Que ce soit du point de vue personnel ou professionnel, la réflexion menée par l’auteur doit nous conduire à interroger, mesurer et évaluer notre propre pratique quant à ce qu’on peut inconsciemment transmettre à l’enfant, et notamment la question du désir. 

C’est aussi cette double implication (personnelle et professionnelle) qui m’a intéressé dans cet ouvrage, que j’ai étudié avec grand plaisir. Cependant, même si le propos m’a réellement passionné, j’ai ressenti le besoin de le lire de façon très découpée, tant certains passages sont particulièrement forts et difficiles.

Dans la préparation et la rédaction de la fiche de lecture, j’ai également rencontré la difficulté de ne m’en tenir qu’à une dizaine de pages, tellement l’auteur aborde de points dans sa démonstration, qui auraient mérités qu’on s’y attarde un peu plus longuement.

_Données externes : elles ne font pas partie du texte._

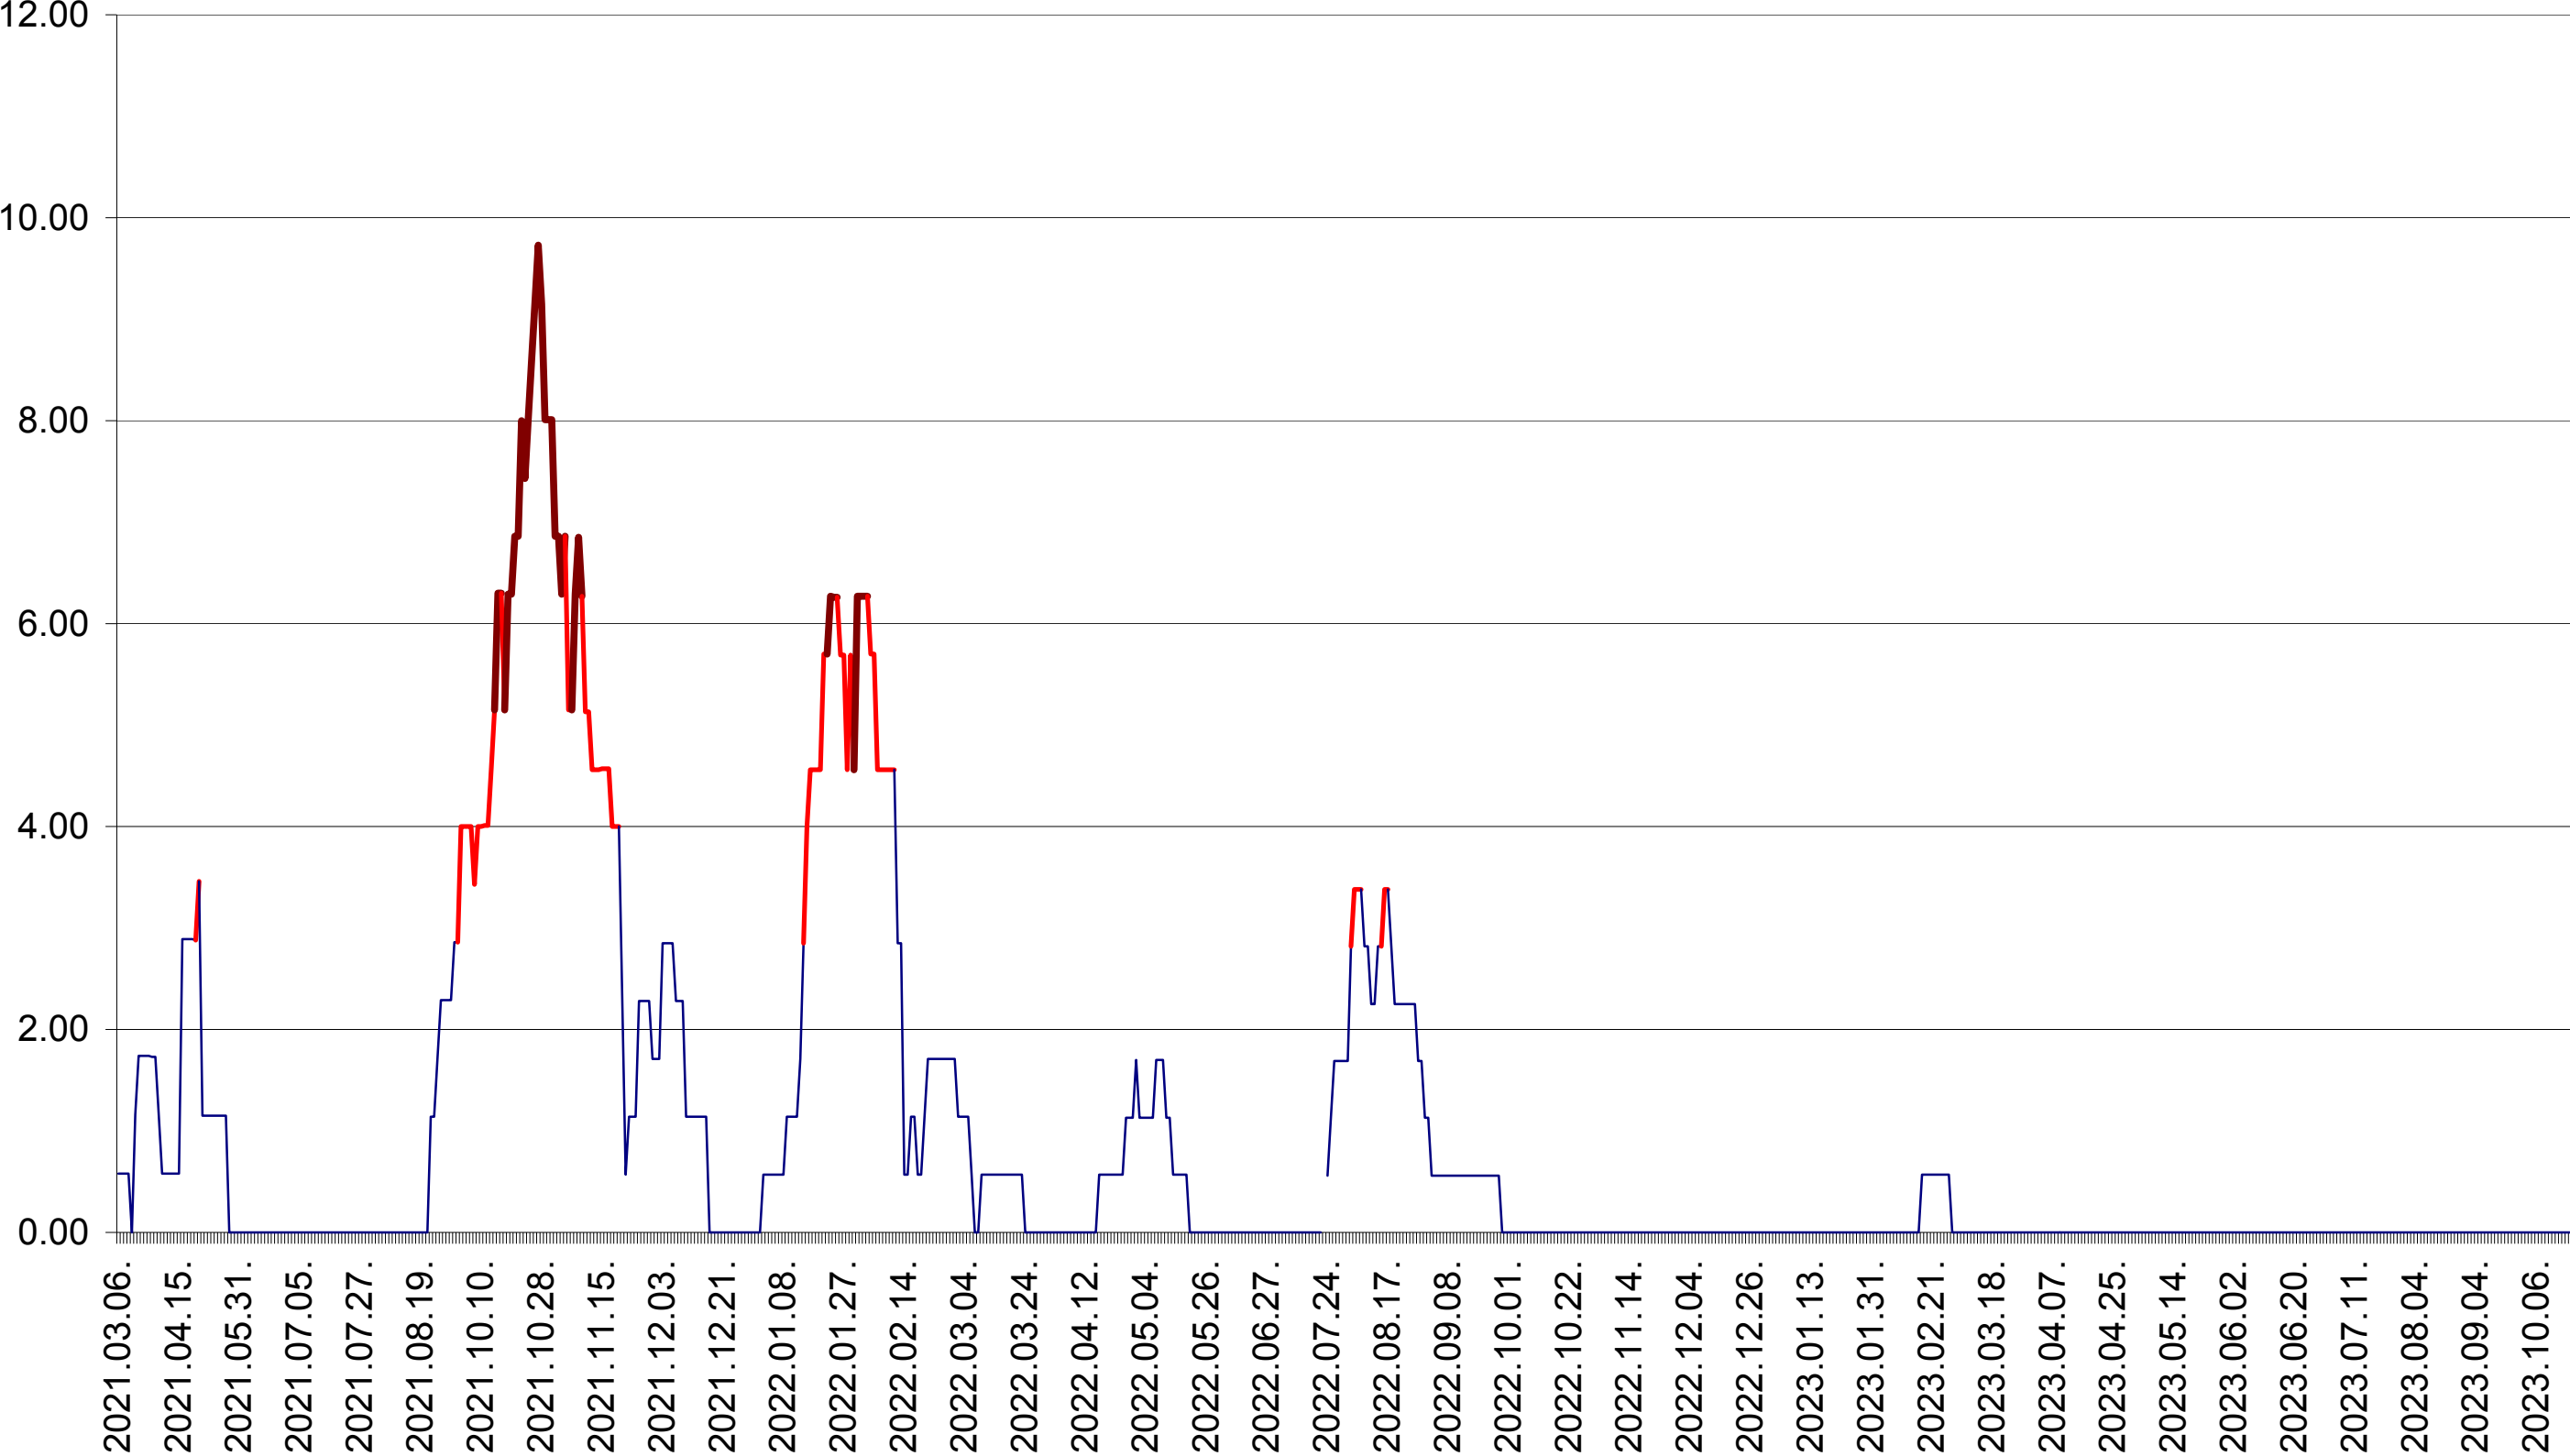

ORAȘ VLĂHIȚA - Evolutia incidentei cumulate pe 14 zile la ‰ de locuitori
2021.03.07. - 2023.10.24.

En contrepartie de cette légère frustration, la lecture de C’est pour ton bien qui appelle inévitablement à pousser la réflexion, m’aura toutefois donné envie d’aller plus loin et de m’intéresser à d’autres ouvrages d’Alice Miller où elle y approfondit l’étude de la souffrance de la maltraitance et de la répétition ; ces notions m’apparaissant comme nécessaires à tout adulte exerçant la fonction d’éducateur au sens large.



Annexe 1






 Grands principes de la pédagogie noire :


            « - Les adultes sont les maîtres (et non pas les serviteurs) de l’enfant encore dépendant,
            - Ils tranchent du bien et du mal comme des dieux,
            - Leur colère est le produit de leurs propres conflits,
            - Ils en rendent l’enfant responsable,
            - Les parents ont toujours besoin d’être protégés,
            - Les sentiments vifs qu’éprouve l’enfant pour son maître constituent un danger,
            - IL faut le plus tôt possible « ôter à l’enfant sa volonté »,
            - Tout cela doit se faire très tôt de manière à ce que l’enfant « ne s’aperçoive de rien »    et ne puisse pas trahir l’adulte. », page 77.

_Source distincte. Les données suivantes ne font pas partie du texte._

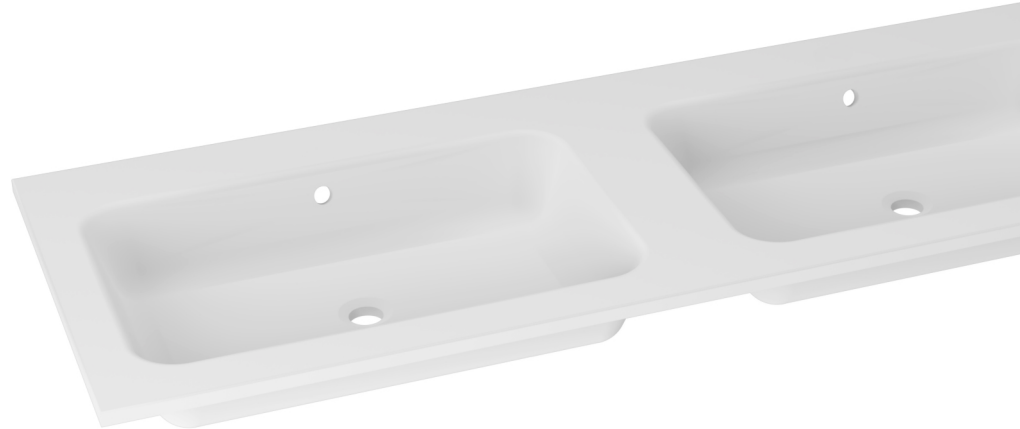

Technisch Datablad

Code

5830180411

Merk (product)

WAVEDESIGN BY WISA

Omschrijving (product)

Lusso wastafel 120 cm mat wit, zonder kraangat

Commerciële omschrijving (product)

De combinatie van strakke lijnen en ronde zachte vormen geven de Lusso wastafel een tijdloze uitstraling zoals gewenst in de badkamer. Deze wastafel kan perfect worden gecombineerd met onze Wavedesign badmeubelen.

Technische omschrijving (product)

LUSO

De Lusso wastafelserie is gemaakt van cast marble en verkrijgbaar van 60 cm tot en met 120 cm, zowel met als zonder kraangaten

GESCHIKT VOOR DE MODELLEN

Alvaro, Casino, Lucido, Napoli, Pescara en San Marino

OOK VERKRIJGBAAR IN ONDERSTAANDE KLEUR

- wit

Kenmerken ETIM productclassificatie	
Materiaal	Composietmateriaal
Kwaliteitsklasse	Marmergruis
Vorm	Rechthoekig
Kleur	Wit
Glansgraad	Mat
Montagewijze	Opzet
Bevestigingswijze	Bladmontage
Bevestigingswijze	Bladmontage
Geschikt voor console lengte	580 600Millimeter
Met bevestigingsmateriaal	Nee
Geschikt voor meubel	Ja
Geschikt voor hoekmontage links	Nee
Geschikt voor hoekmontage rechts	Nee
Afzetplateau	Achterzijde
Aantal gebruiksplaatsen	2
Aantal wasbakken	2
Medische uitvoering	Nee
Vuilafstotend	Nee
Antibacteriële behandeling	Nee
Kraangat	Geen
Aantal kraangaten per wasbak	0
Doorslaanbare kraangaten	Geen
Met kraan/mengkraan	Nee
Overloop	Ja
Overloop zichtbaar	Ja
Met afvoerplug	Nee
Met afvoerplug en geïntegreerde overstort	Nee
Met boring voor draaiknop waste	Nee
Diameter afvoergat	46Millimeter
Met sifon	Nee
Met geïntegreerde zeepschaal	Nee
Met boring voor zeepdispenser	Nee
Met handdoekhouder	Nee
Met rugwand	Nee
Geschikt voor sifonkap	Nee
Sifonkap meegeleverd	Nee
Geschikt voor zuil	Nee
Zuil meegeleverd	Nee
Geschikt voor poten	Nee
Poten meegeleverd	Nee
Diepte	460Millimeter

Moyens de l’oppression du vivant :


« Pièges, mensonges, ruses, dissimulation, manipulation, intimidation, privation d’amour, isolement, méfiance, humiliation, mépris, moquerie, honte, utilisation de la violence jusqu’à la torture... », page 78.

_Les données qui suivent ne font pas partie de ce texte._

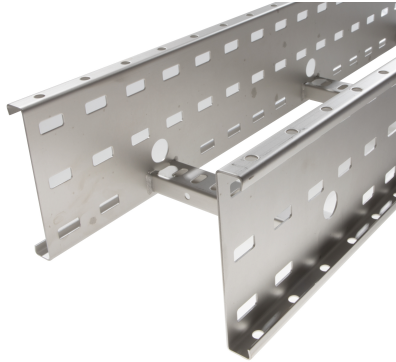

# 72007235 - Crafty MF 150.700 AL Kabelladder h.o.h.300 L3m

## Artikelgegevens

Artikelnummer:	72007235
Merk:	Niedax Group
Serie:	Gouda Kabelladder
Type:	Crafty MF
EAN Code:	08719972124028
Technische omschrijving:	Crafty MF 150.700 AL Kabelladder h.o.h.300 L3m
ETIM Klasse:	EC000854 - Kabelladder

## Technische gegevens

Kleur:	Aluminium
Breedte:	700
Hoogte:	150
RAL-nummer:	-
Oppervlaktebescherming:	Overig
Gewicht:	-
Uitvoeringsvorm sport:	Profiel geperforeerd
Zijperforatie:	Ja
Materiaalkwaliteit:	Overig
Lengte:	3000
Materiaal:	Aluminium
Nuttige doorsnede:	-
Uitvoering zijligger:	Profiel (open vorm)
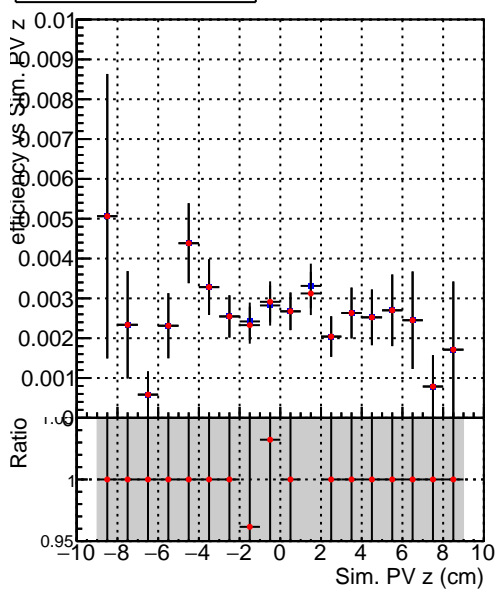

Efficiency vs vertpos**fake+duplicates vs vert r**
Efficiency vs TP vert z
 — SoftQCD_default
 — SoftQCD_ckfPixelLessStep
**Efficiency vs. sim PV z****fake+duplicates vs Sim. PV z**
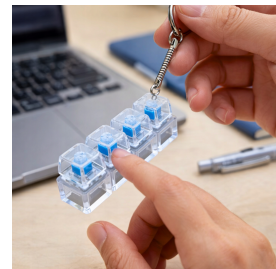

Klikacz Antystresowy Brelok Fidget 4 Switche Klawiatura

Opis produktu:

Klikacz antystresowy w formie breloka to praktyczne akcesorium, które pozwala ułatwić rozładowanie napięcia w każdej chwili. Jego konstrukcja opiera się na 4 mechanicznych switchach stylizowanych na klawiaturę, co daje użytkownikowi satysfakcję z klikania. Dzięki metalowemu zaczepowi z łatwością można go przypiąć do kluczy, plecaka lub torby, co sprawia, że gadżet jest zawsze pod ręką i gotowy do użycia.

Dlaczego to świetny wybór?

- Antystresowe działanie
- Kompaktowy rozmiar
- Mechaniczne switche
- Styl klawiatury
- Praktyczny brelok
- Szybki dostęp
- Łatwy do przenoszenia

Cechy produktu:

Typ produktu	zabawka antystresowa / klikacz / brelok
Konstrukcja	4 switche w stylu klawiatury mechanicznej
Kolorystyka	transparentna obudowa + niebieskie elementy
Zastosowanie	antystres, relaks, zajęcie dłoni, gadżet EDC
Mocowanie	metalowy karabińczyk / brelok
Styl	inspirowany klawiaturą mechaniczną
Przeznaczenie	dla dorosłych, młodzieży i fanów gadżetów
Rozmiar	kompaktowy, wygodny do noszenia przy kluczach
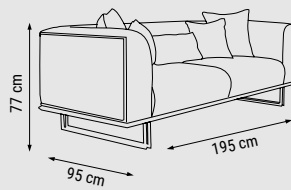

TEKLİ  
SINGLE  
КРЕСЛО

YATAK ÖLÇÜSÜ - BED SIZE - РАЗМЕР  
СПАЛЬНОГО МЕСТА :180 x 80 cm
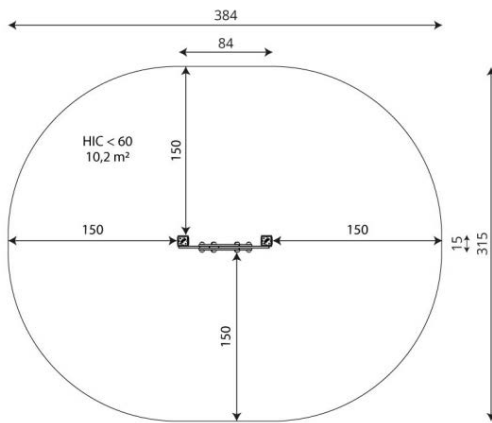

Solo 1564
SL1564

plattegrond

Toestelspecificaties

Afmetingen toestel	0,9 x 0,2 m
Opvangzone	10,2 m²
Totaal hoogte	1,3 m
Valhoogte	<0,6 m

Principes à transmettre aux enfants :


            « - Le sentiment du devoir engendre l’amour,
            - On peut tuer la haine par les interdits,
            - Un sentiment élevé de sa propre valeur est nuisible,
            - Les parents méritent a priori le respect en tant que parents,
            - Les enfants ne méritent a priori aucun respect,
            - L’obéissance rend fort,
            - Un faible sentiment de sa propre valeur conduit à l’amour de ses semblables,
            - Les marques de tendresse sont nuisibles (mièvrerie),
            - Il ne faut pas céder aux besoins de l’enfant,
            - La dureté et la froideur sont une bonne préparation à l’existence,
            - Une reconnaissance simulée vaut mieux qu’une sincère absence de reconnaissance,
            - L’apparence est plus importante que l’être,
            - Les parents ni Dieu ne pourraient supporter la moindre injure,
            - Le corps est quelque chose de sale et de dégoûtant,
            - La vivacité des sentiments est nuisible,
            - Les parents sont des êtres dénués de pulsions et exempts de toute culpabilité,
            - Les parents ont toujours raison. », page 78.



[1] K. Rutschsky, Schwarze Pädagogik, Berlin, 1977, Ullstein.
[2] J. Sulzer, Versuch von der Erziehung und Unterweisung der Kinder ,1748,
cité par K. Rutschky dans Schwarze Pädagogik, Berlin, 1977, Ullstein .
[3] Cité par J. Fest dans Les Maîtres du Troisième Reich, Paris, 1963, Ed. Grasset.
Traduction de Simone Hutin et Maurice Barth.
[4] F. Christiane, Moi, Christiane F., droguée, prostituée..., 1981, Mercure de France.
Témoignages recueillis par Kai Hermann et Horst Rieck, traduction de Léa Marcou.